The lack of +x by default for .so file fails the users on OSes that require +x for all executable code for such expectation. On the other hand, if the INSTALL_LIB defaults the permission to 755, on whatever system the user tries to run it, even those who wish to see a .so file without +x, no error would occur and the user runs the program just fine.

And yes, making the .so file come with a __init entry point like libc for some version information is the tail wagging the dog. Don't do that unless there is some compelling issue such as for some reason the majority of user start trying to execute whatever file they found with +x permission set.

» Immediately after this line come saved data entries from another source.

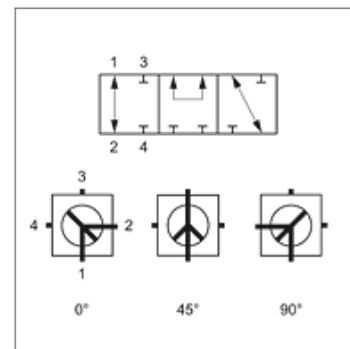

# 4 BKHL L / 4 BKHS L

4-haruline kuulkraan

**HANSA FLEX**

## Omadused

Ühendus 1 - 4	M-keere välis, silindriline
Tihenditüüp 1 - 4	24° sisekoonus
Puurimine	L-kujuline ja vabastusava
Lülitustee	0°; 45°; 90°
Temperatuur min.	-10 °C
Temperatuur max.	80 °C
Materjal	Terasest kere, kuul ja käiguvahetusvõll POM-kuultihend NBR O-rõngas
Pinnatöötlus	pruuniks tehtud
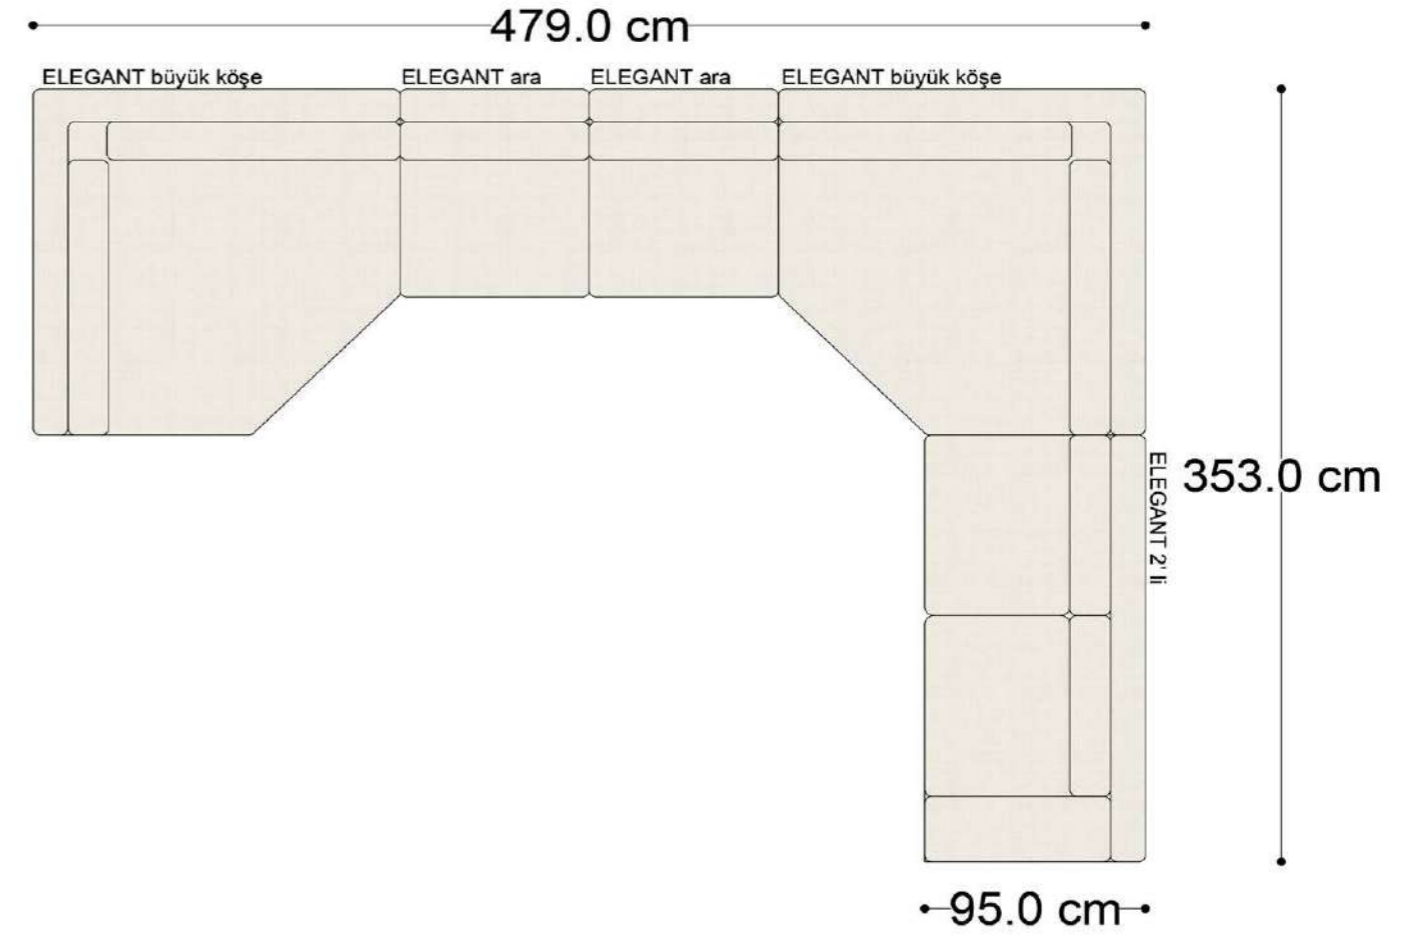

Elegant Köşe Takımı - 2
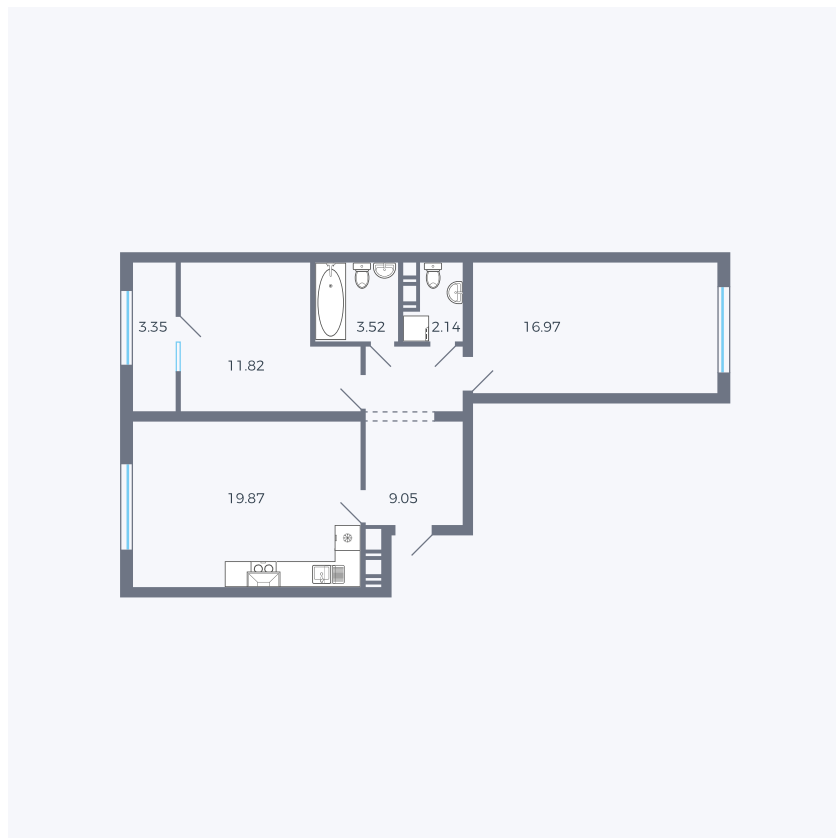

# Планировка тип 259з

Комнат ..... Евро 3

Площадь ..... 65.72 м<sup>2</sup>

Данный тип планировки доступен в кварталах:

**42**

Цена:

**по запросу**

Вы можете получить консультацию позвонив по номеру **+7 (846) 264-00-64**

In this point, I feel that one of the two following way of solving this problem would work better:

1. Make .so installed as 755 as default and let the Debian packagers, and those who don't want +x on .so files manually -x, while guarantee those on whatever system can make install and have a working software without knowing anything else
2. Improve the documentation to tell those users that in case of a core dump, check if their system requires +x on .so file, and if yes, manually +x those .so files.

Any further ideas?

[StephDC]

Unfortunately I don't think there's an easy way of probing to see if a platform desires executable shared libraries.

I think there is an easy way to test if the platform REQUIRES executable shared libraries though. In ./configure, compile a shared library .so with an application, then -x the .so file, then try to run the application. If it segfault core dumps, we are on a system that require +x .so file, therefore we shall set the INSTALL_LIB to INSTALL instead of INSTALL_DATA.

However I am not so familiar with autotools and haven't come up with the code implementing such testing. Does anyone think that such test would be helpful?

[jkbonfield]

We don't wish to change the default behaviour for operating systems that have conventions on other permissions. While we could attempt some automatic detection, we deemed it as unnecessary effort for a problem with an easy work around already.

Instead we simplify the process somewhat with a new LIB_PERM variable that can be overridden at install time.